• _WHAT THE TASK REQUIRES_
Could you repeat all of the entries below word for word, apart from the pictures?
::: INFORMATION SUPPLIED
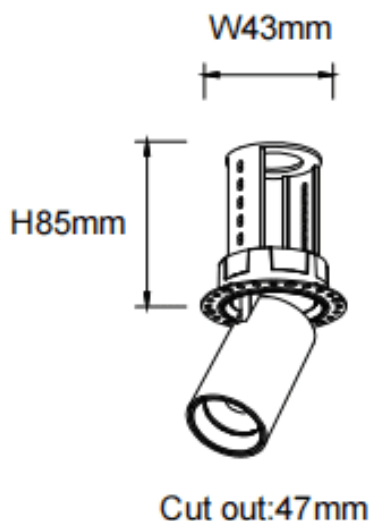

PTT RT

Downlight Lavov de la familia PTT RT con una potencia de 7W y un ángulo de apertura del haz de 55°. Acabado en color Blanco .Versión sin marco.Con un flujo luminoso total de 700lm y una eficacia luminosa de 100lm/W. Fabricado en Aluminio inyectado a presión. Driver ON/OFF. CCT 3000K.

Dimensions

Product dimensions (mm) **ø52xH85mm**

Esquema

Código artículo	86.D148.1341.01
Tipo de producto	Indoor
Categoría	Downlights
Familia	PTT
Subfamilia	PTT RT
Pictograms	

Producto	
Potencia real (W)	7
Flujo luminoso real (lm)	700
Eficacia luminosa (lm/W)	100
Ángulo de apertura	55
Tiempo de vida	50000 h L80B10
Color	Blanco
Driver incluido	Si
Equipo	ON/OFF
Flicker Free	Si
Fuente de luz	LED
Tipo de LED	COB
Temperatura de color (K)	3000
Consistencia de color (SDCM)	SDCM3
CRI	90
::::::
• _TASK ANSWER_
PTT RT

Downlight Lavov de la familia PTT RT con una potencia de 7W y un ángulo de apertura del haz de 55°. Acabado en color Blanco .Versión sin marco.Con un flujo luminoso total de 700lm y una eficacia luminosa de 100lm/W. Fabricado en Aluminio inyectado a presión. Driver ON/OFF. CCT 3000K.

Dimensions

Product dimensions (mm) **ø52xH85mm**

Esquema

Código artículo	86.D148.1341.01
Tipo de producto	Indoor
Categoría	Downlights
Familia	PTT
Subfamilia	PTT RT
Pictograms	

Producto	
Potencia real (W)	7
Flujo luminoso real (lm)	700
Eficacia luminosa (lm/W)	100
Ángulo de apertura	55
Tiempo de vida	50000 h L80B10
Color	Blanco
Driver incluido	Si
Equipo	ON/OFF
Flicker Free	Si
Fuente de luz	LED
Tipo de LED	COB
Temperatura de color (K)	3000
Consistencia de color (SDCM)	SDCM3
CRI	90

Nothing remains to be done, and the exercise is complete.